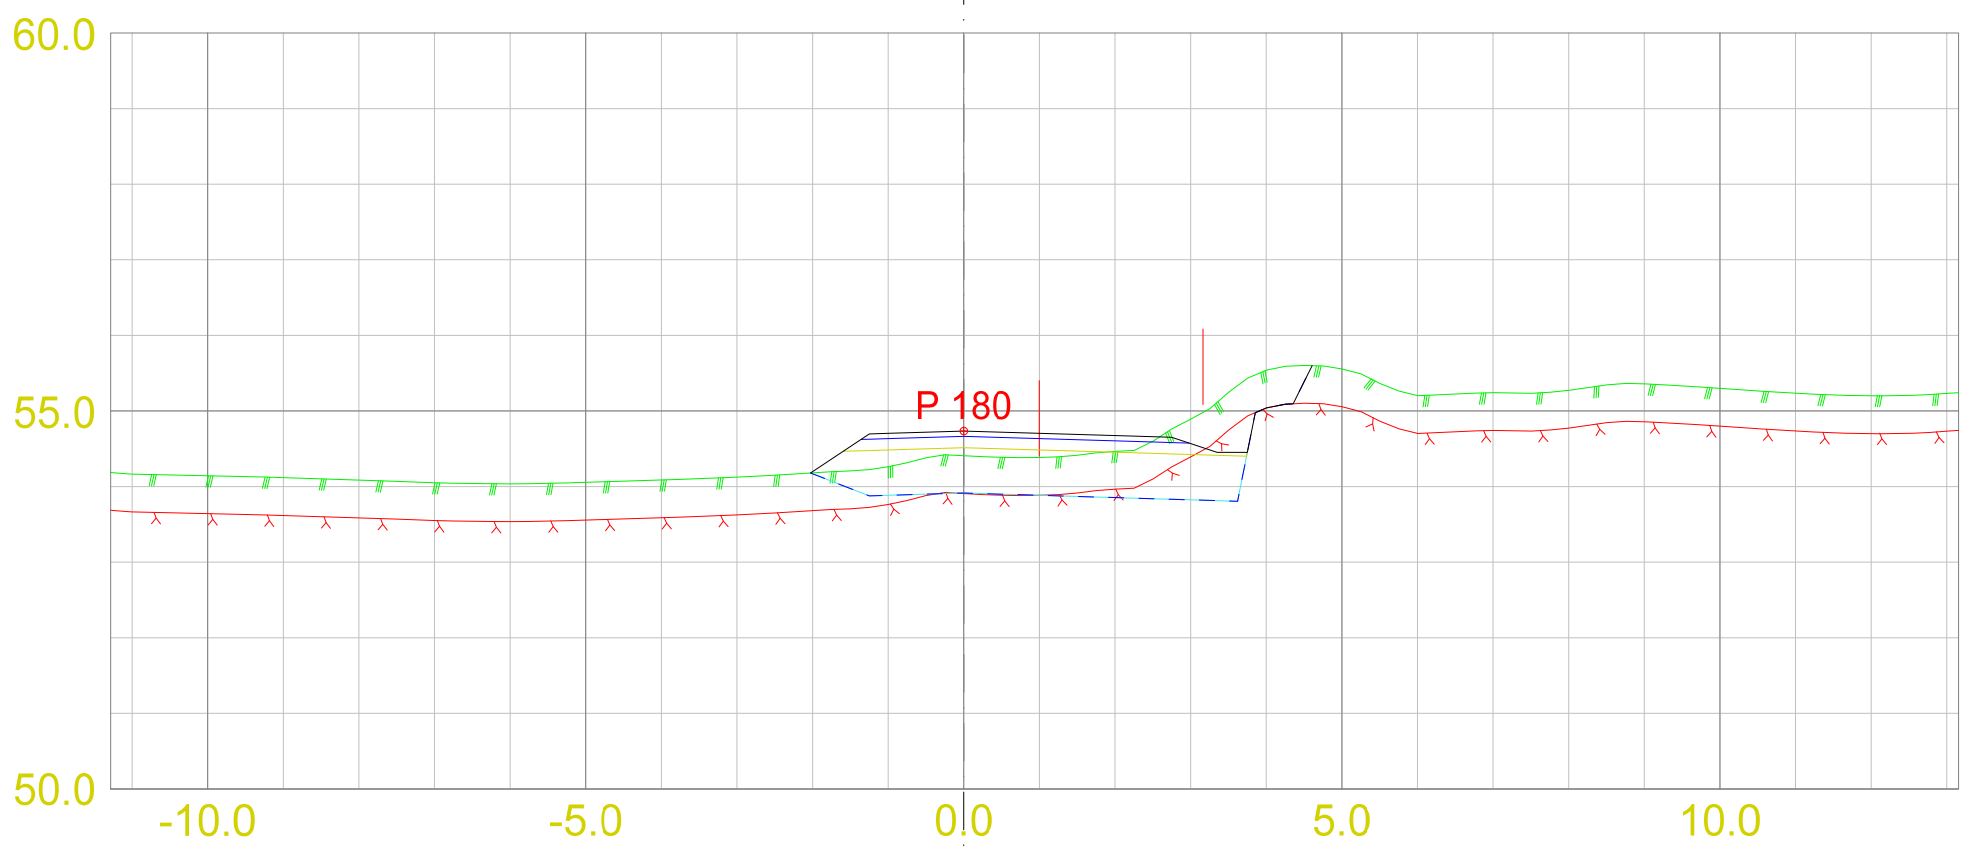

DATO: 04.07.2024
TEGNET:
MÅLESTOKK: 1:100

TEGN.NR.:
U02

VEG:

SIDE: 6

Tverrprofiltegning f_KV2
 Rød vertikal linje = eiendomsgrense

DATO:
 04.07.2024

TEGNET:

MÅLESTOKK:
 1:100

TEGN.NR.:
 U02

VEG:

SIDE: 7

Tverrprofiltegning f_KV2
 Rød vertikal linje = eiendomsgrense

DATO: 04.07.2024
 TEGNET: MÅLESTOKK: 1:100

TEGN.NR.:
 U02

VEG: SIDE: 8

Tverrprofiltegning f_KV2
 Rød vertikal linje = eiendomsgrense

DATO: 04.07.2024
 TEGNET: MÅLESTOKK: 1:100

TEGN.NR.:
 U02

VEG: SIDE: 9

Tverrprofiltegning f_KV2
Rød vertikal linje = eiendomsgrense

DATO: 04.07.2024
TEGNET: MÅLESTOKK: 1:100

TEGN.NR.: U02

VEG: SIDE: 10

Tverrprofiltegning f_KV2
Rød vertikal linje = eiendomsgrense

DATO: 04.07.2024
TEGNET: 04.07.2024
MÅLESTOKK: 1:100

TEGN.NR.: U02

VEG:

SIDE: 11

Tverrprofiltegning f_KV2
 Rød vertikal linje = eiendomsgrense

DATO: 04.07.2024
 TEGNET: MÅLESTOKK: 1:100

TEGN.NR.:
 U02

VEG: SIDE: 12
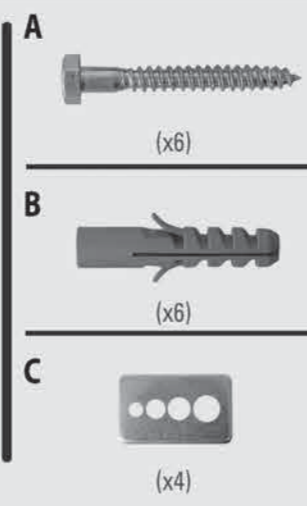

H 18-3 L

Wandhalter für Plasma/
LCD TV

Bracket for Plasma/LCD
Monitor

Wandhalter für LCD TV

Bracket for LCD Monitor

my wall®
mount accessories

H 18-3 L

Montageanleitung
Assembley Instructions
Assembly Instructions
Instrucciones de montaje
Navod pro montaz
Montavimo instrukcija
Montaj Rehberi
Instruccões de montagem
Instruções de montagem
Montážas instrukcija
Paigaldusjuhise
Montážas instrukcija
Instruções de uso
* * *
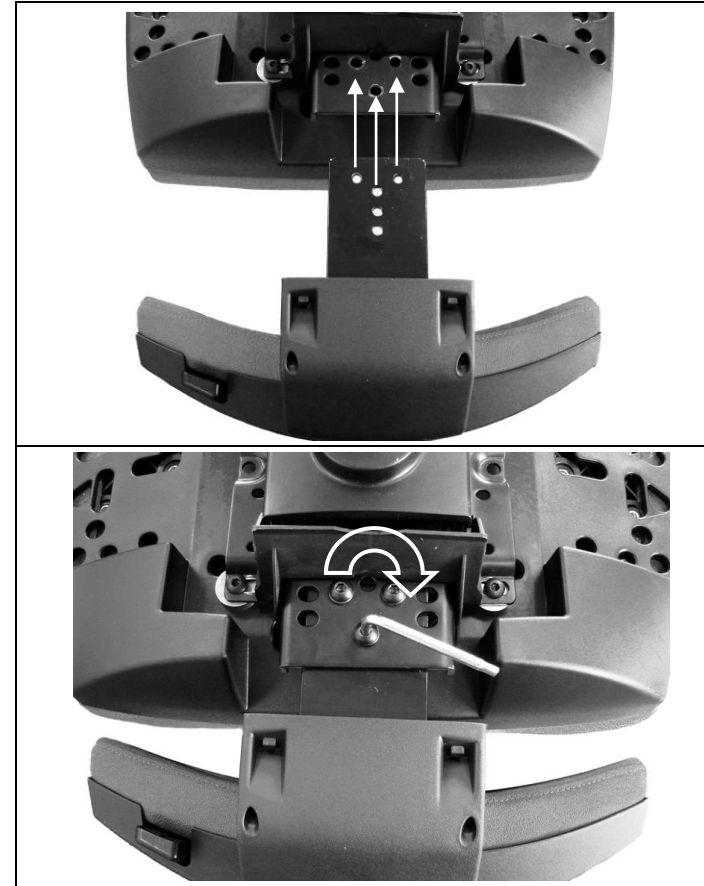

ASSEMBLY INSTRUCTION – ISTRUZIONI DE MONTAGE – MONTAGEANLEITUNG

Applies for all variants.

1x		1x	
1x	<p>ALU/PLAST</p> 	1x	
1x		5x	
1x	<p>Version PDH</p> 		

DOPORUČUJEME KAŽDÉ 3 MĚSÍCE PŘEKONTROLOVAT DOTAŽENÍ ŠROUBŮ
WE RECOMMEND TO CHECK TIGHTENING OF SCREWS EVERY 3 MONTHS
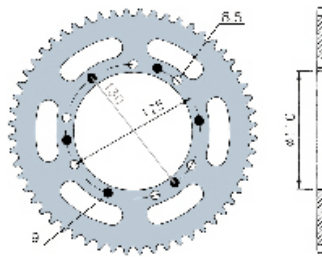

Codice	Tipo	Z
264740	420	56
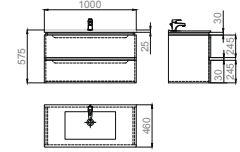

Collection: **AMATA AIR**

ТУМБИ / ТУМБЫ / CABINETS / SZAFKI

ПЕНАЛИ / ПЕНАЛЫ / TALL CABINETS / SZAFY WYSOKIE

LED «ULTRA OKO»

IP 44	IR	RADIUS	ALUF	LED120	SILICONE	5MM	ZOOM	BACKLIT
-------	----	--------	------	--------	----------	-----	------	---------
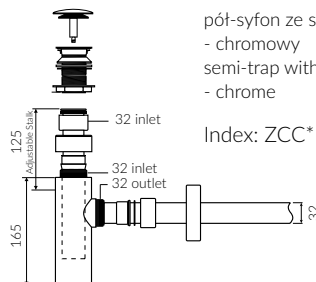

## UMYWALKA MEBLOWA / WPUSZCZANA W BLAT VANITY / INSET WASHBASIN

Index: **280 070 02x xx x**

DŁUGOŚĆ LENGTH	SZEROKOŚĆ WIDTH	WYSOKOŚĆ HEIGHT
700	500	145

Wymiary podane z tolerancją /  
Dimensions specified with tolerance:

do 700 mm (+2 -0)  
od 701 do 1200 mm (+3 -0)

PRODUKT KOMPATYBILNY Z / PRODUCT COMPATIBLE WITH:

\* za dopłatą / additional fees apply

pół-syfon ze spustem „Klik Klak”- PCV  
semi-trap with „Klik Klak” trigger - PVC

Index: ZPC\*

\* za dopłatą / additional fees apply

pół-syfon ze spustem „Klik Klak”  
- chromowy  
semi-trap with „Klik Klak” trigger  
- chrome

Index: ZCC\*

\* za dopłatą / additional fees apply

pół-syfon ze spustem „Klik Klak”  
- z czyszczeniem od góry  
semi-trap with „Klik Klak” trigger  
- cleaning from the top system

Directions for this task
Using the data above, establish how many lines include the word "Instruções"; the reply is that number only.

Result
2